What is being asked
Please reproduce all entries word for word and omit their pictures.

Dataset excerpts
/---
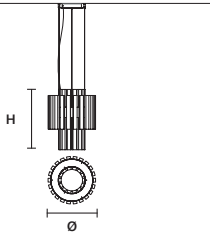

f04 Leaf champagne

MATERIALS

STANDARD

Hand made glass

STANDARD CABLES

VEGAS S RD12 

Ø	12 cm / 4.70"
H	28 cm / 11.00"
STANDARD INTEGRATED LED LIGHTING	
5,4 W CRI>90 3000K - 688 NOMINAL LM	
ON REQUEST	
5,4 W CRI>90 2700 K - 653 NOMINAL LM	
DIMMABLE	
NO	

VEGAS S RD40 

Ø	40 cm / 15.70"
H	40 cm / 15.70"
STANDARD INTEGRATED LED LIGHTING	
30 W CRI>95 3000 K - 3200 NOMINAL LM	
ON REQUEST	
30 W CRI>95 2700 K - 3050 NOMINAL LM	
DIMMABLE	
0-10V	

VEGAS S RD60 

Ø	60 cm / 23.60"
H	40 cm / 15.70"
STANDARD INTEGRATED LED LIGHTING	
56,4 W CRI>95 3000 K - 6016 NOMINAL LM	
ON REQUEST	
56,4 W CRI>95 2700 K - 5734 NOMINAL LM	
DIMMABLE	
0-10V	

VEGAS S RD40 DB 

Ø	40 cm / 15.70"
H	50 cm / 19.70"
STANDARD INTEGRATED LED LIGHTING	
33 W CRI>95 3000 K - 3520 NOMINAL LM	
ON REQUEST	
33 W CRI>95 2700 K - 3355 NOMINAL LM	
DIMMABLE	
0-10V	

VEGAS S RD 60DB
\---
Solution to the exercise
f04 Leaf champagne

MATERIALS

STANDARD

Hand made glass

STANDARD CABLES

VEGAS S RD12 

Ø	12 cm / 4.70"
H	28 cm / 11.00"
STANDARD INTEGRATED LED LIGHTING	
5,4 W CRI>90 3000K - 688 NOMINAL LM	
ON REQUEST	
5,4 W CRI>90 2700 K - 653 NOMINAL LM	
DIMMABLE	
NO	

VEGAS S RD40 

Ø	40 cm / 15.70"
H	40 cm / 15.70"
STANDARD INTEGRATED LED LIGHTING	
30 W CRI>95 3000 K - 3200 NOMINAL LM	
ON REQUEST	
30 W CRI>95 2700 K - 3050 NOMINAL LM	
DIMMABLE	
0-10V	

VEGAS S RD60 

Ø	60 cm / 23.60"
H	40 cm / 15.70"
STANDARD INTEGRATED LED LIGHTING	
56,4 W CRI>95 3000 K - 6016 NOMINAL LM	
ON REQUEST	
56,4 W CRI>95 2700 K - 5734 NOMINAL LM	
DIMMABLE	
0-10V	

VEGAS S RD40 DB 

Ø	40 cm / 15.70"
H	50 cm / 19.70"
STANDARD INTEGRATED LED LIGHTING	
33 W CRI>95 3000 K - 3520 NOMINAL LM	
ON REQUEST	
33 W CRI>95 2700 K - 3355 NOMINAL LM	
DIMMABLE	
0-10V	

VEGAS S RD 60DB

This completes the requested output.